One way to proceed is to identify known pathways that are enriched in genes carrying somatic mutations [1, 4]. More recent methods exploit genomic characteristics of mutations (i.e. mutual exclusivity that genes in the same pathway rarely mutate in the same sample), to identify oncogenic modules [11, 12]. Vandin et al. [13] proposed Dendrix (de novo driver exclusivity), which maximizes a novel weight function that considers the high coverage and mutual exclusivity of the driver gene set, to discover mutated driver pathways. To better address the maximum weight function, Zhao et al. [14] proposed an exact binary linear programming (BLP) model to maximize the weight function. Zhang et al. [15] proposed two optimization models to separately discover common driver gene sets among multiple cancer types (ComMDP) and specific driver gene sets of a particular cancer (SpeMDP). However, these de novo methods focus on single pathways or modules, and they cannot shed light on how various cellular and physiological processes cooperatively alter during the initiation and progression of cancer. Besides mutation data, gene level knowledge including gene size bias [16, 17], gene-interaction networks and expression levels [5, 7, 18] have been incorporated to uncover the significant mutations of a pathway. Copy number alterations [19] and other biological knowledge of mutational processes, such as transcript isoforms, variation in mutation type and redundancy of genetic code, were also integrated for analysis [20]. Approaches that infer patient specific pathways have also been developed [21, 22]. However, these methods ignore pathway interactions and cannot directly identify driver pathways. Furthermore, all the aforementioned methods may be biased towards super important genes, while ignoring other important driver genes with a low mutation rate.

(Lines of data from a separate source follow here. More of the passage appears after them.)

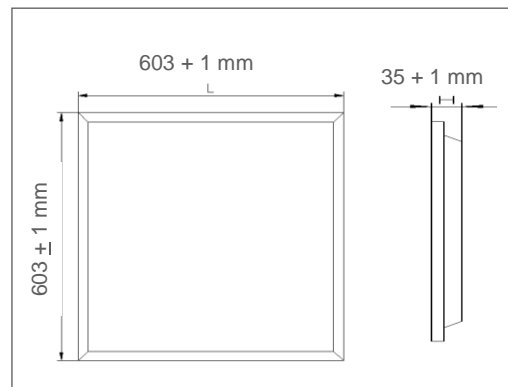

APLICACIONES

- Oficinas
- Pasillos
- Hospitales
- Establecimientos

≈30%↓
AHORRO DE
ENERGÍA

50 000 hrs
VIDA ÚTIL

5
AÑOS DE
GARANTÍA

NOM

ESPECIFICACIONES TÉCNICAS

Potencia	36 W
Equivalencia	3 x fluor 14W T5 2 x fluor 32W T8
Flujo Luminoso	4 320 lm
Temperatura de Color	3 000 K / 4 000 K / 5 000 K 6 500 K
Eficacia	120 lm/W
Tensión Nominal	100-277 V~
Factor de Potencia	>0.90
Índice de Protección	IP20
Protección contra Impactos Mecánicos	IK02
Ángulo de Apertura	114°
Atenuable	No
Índice de Reproducción de Color (IRC)	>80
Vida Útil	50 000 h (L80B50@25°C)
Distorsión de Armónicas (THD)	<20%
Frecuencia	50/60 Hz
Temperatura de Operación	-10°C ~ 45°C
Temperatura de Almacenaje	-20°C ~ 70°C
Garantía	5 años
Material de la Luminaria	Aluminio
Material del Difusor	Poliestireno

DISEÑO TÉCNICO (mm)

DIAGRAMA FOTOMÉTRICO

DIAGRAMA ILUMINACIÓN - DISTANCIA

DATOS LOGÍSTICOS

Clave	Descripción	Pieza Caja	Peso (g)	EAN 10	Dimensiones EAN10 (mm)	Peso EAN 10 (g)	EAN 40	Dimensiones EAN40 (mm)	Peso EAN 40 (g)
89373	LEDVANCE PANEL PFM 36W 600x600 3000K	5	1 332	405807576 5559	633x633x43	1612	405807576 5566	650x655x235	8960
89374	LEDVANCE PANEL PFM 36W 600x600 4000K	5	1 332	405807576 5573	633x633x43	1612	405807576 5580	650x655x235	8960
89375	LEDVANCE PANEL PFM 36W 600x600 5000K	5	1 332	405807576 5597	633x633x43	1612	405807576 5603	650x655x235	8960
89376	LEDVANCE PANEL PFM 36W 600x600 6500K	5	1 332	405807576 5610	633x633x43	1612	405807576 5627	650x655x235	8960
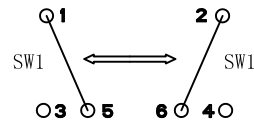

SOUNDWELL®

http://soundwell-cn.com

RJ20 Series TOGGLE SWITCH

企业微信，扫码有惊喜

升威官网，发现更多产品

MODEL 品名	DIMENSIONS 尺寸	UNIT:mm

RJ20圆柄	

RJ20方柄	

RJ26 SERIES CIRCUIT DIAGRAM

开关导通示意图
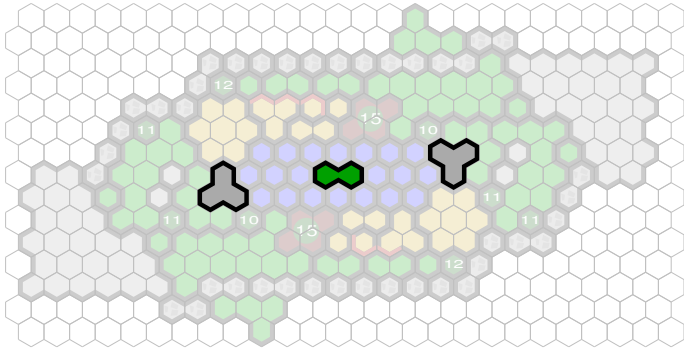

Bridges of Anund

Author : Soul Shackle

Level : 1

Level : 4

Level : 2

Level : 5

Level : 3

Level : 6

Level : 7

Level : 10

Level : 8

Start

Level : 9

Number of player : 2-4

Size : 25.00x14.00 hex
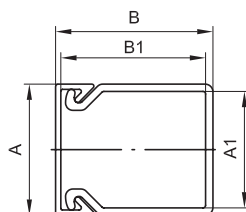

Прямые элементы

Короб с крышкой с плоской основой, TA-EN

Назначение

- прокладка кабелей.

Характеристики

- материал – композиция ПВХ;
- перфорация на основании;
- защитная пленка;
- отрезки длиной 2 метра.

Комплект поставки

- профиль (основание);
- крышка.

Сечение короба	Размеры аксессуара, мм				Площадь внутр. сечения, мм²	Цвет	Вес, кг/м	Упаковка, м	Код
	A	B	A1	B1					
	25	30	22.2	27.6	568	белый	0,30	72	00323
	25	30	22.2	27.6	568	черный	0,30	72	00323A
	40	40	36.6	37.1	1279	белый	0,47	48	00324
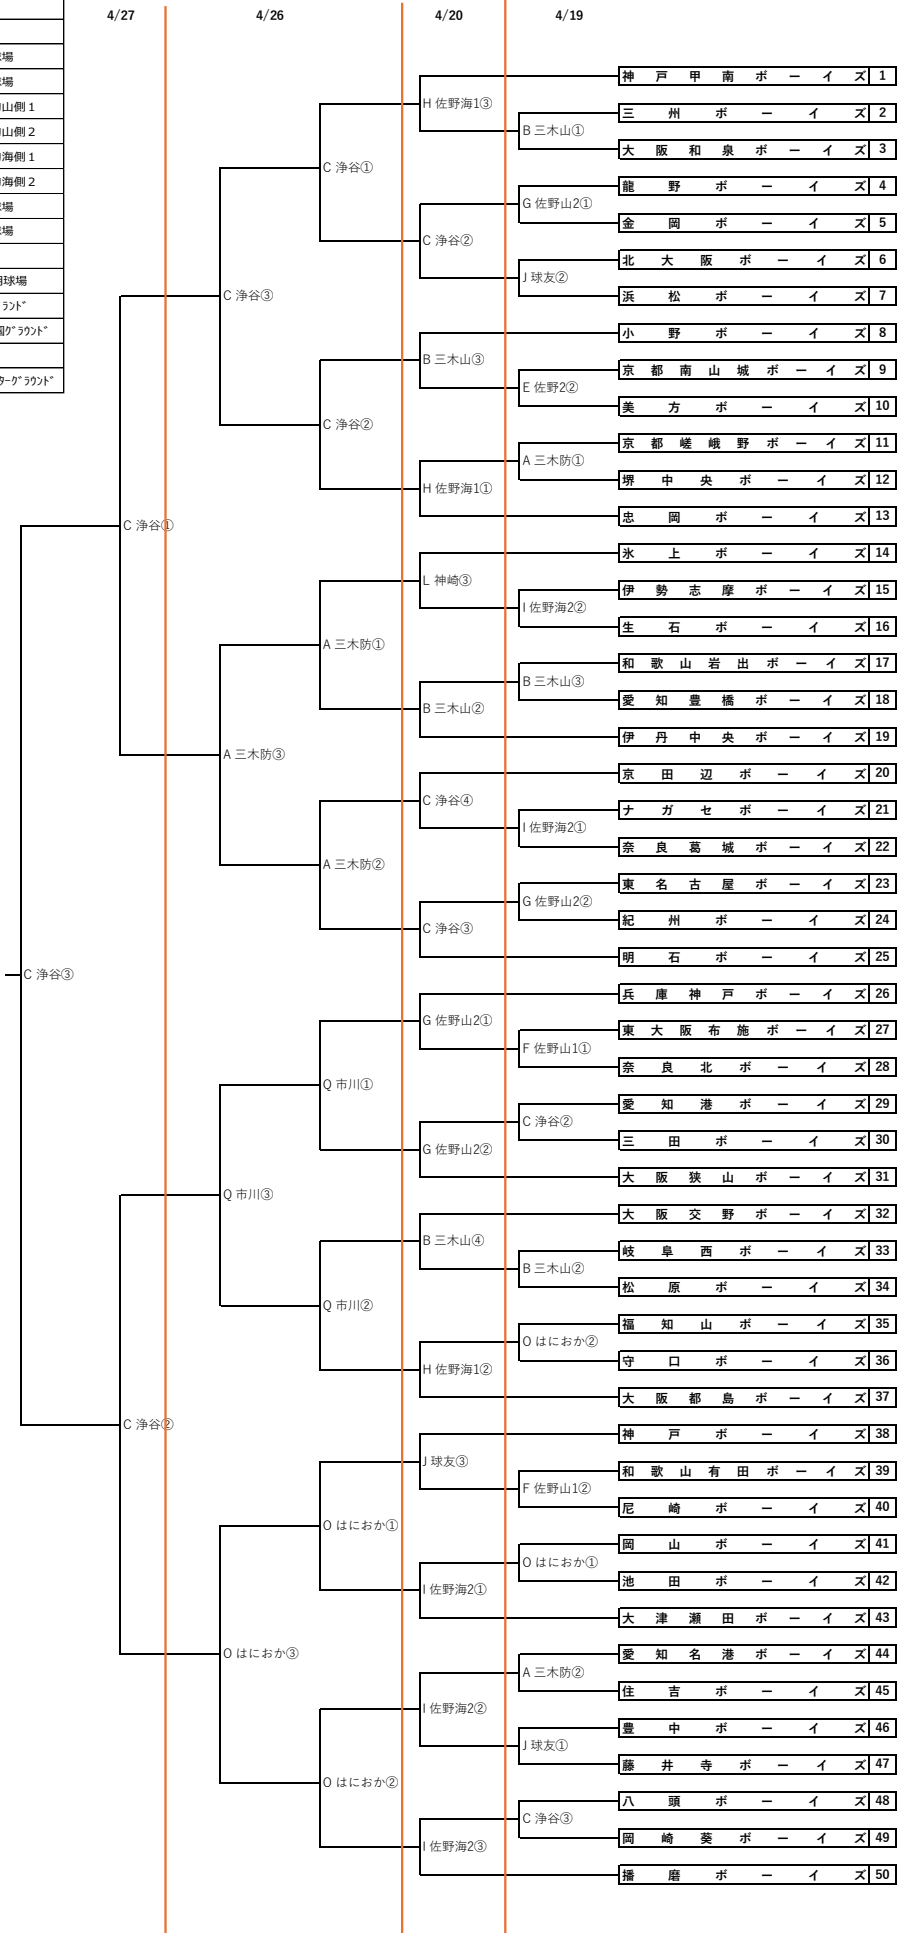

第20回記念兵庫のじぎく大会

☆大会組合わせ (ジュニアの部)

記号	球場名
A	三木防災球場
B	三木山球場
C	小野浄谷球場
D	淡路佐野第1球場
E	淡路佐野第2球場
F	淡路佐野多目的山側1
G	淡路佐野多目的山側2
H	淡路佐野多目的海側1
I	淡路佐野多目的海側2
J	神戸球友専用球場
K	兵庫神戸専用球場
L	神崎紙器球場
M	播磨ホーズ専用球場
N	神戸第一高校グラウンド
O	はにおか運動公園グラウンド
P	いちじま球場
Q	市川町入&w-センターグラウンド

◆審判

第3試合までの場合

第1試合【前審】	第2試合の対戦チームより各1名
第2試合【後審】	第1試合の対戦チームより各1名
第3試合	球場担当チームより2名

第2試合までの場合

第1試合【前審】	第2試合の対戦チームより各1名
第2試合【後審】	第1試合の対戦チームより各1名

第4試合までの場合

第1試合【前審】	第2試合の対戦チームより各1名
第2試合【後審】	第1試合の対戦チームより各1名
第3試合【前審】	第4試合の対戦チームより各1名
第4試合	球場担当チームより2名

It has been recognized that pathways often function cooperatively in carcinogenesis [23, 24]. For example, TGF-|$\beta $| (transforming growth factor-|$\beta $|⁠) transactivates EGFR (epidermal growth factor receptor) through canonical Smad3 and ERK/Sp1 signaling pathways and then facilitates breast cancer migration and invasion [25]. Unfortunately, computational solutions for cooperative driver pathway discovery are still much limited, due to the difficulty of mapping genes to pathways and the incomplete pathway knowledge. Furthermore, it is difficult to collect the information of molecules within pathways and the associations among pathways. Yeang et al. [12] reported that there are significant combinatorial patterns of mutations occurring in the same patients (i.e. co-occurrence), whose driver genes usually function in different pathways, and genes in the same pathway rarely mutate in the same sample (i.e. mutual exclusivity). Leiserson et al. [26] proposed Multi-Dendrix, which uses a sum of multiple quantities for multiple pathways to identify driver pathways. Multi-Dendrix may obtain only sub-optimal results and weaken the relations between pathways, since it does not consider the functional interactions or co-occurrence of multiple pathways. Zhang et al. [27] proposed CoMDP, which extends Dendrix by maximizing the mutual exclusivity within a pathway and the co-occurrence of mutations between different pathways. However, CoMDP can only obtain one pair of cooperative driver gene sets for a target disease. So CoMDP can be easily trapped, only identify super important genes with the highest coverage and miss other potential driver pathways. Dao et al. [28] proposed BeCo-WithMEFun to discover cooperative driver pathways. BeCo-WithMEFun pursues the mutual exclusivity and functional interactions within pathways and the co-occurrence between pathways using integer linear programming. However, when there are insufficient co-occurrences or functional interactions among genes, BeCo-WithMEFun cannot find a solution or at best can only find few genes. This is because gene modules with joint mutual exclusivity, co-occurrence and functional interaction are rare. Yang et al. [29] first integrated multiple prior knowledge data by matrix factorization and then applied a tri-random walk to identify cooperative driver pathways. This solution ignores mutation data, and it suffers from too many parameters and high time cost.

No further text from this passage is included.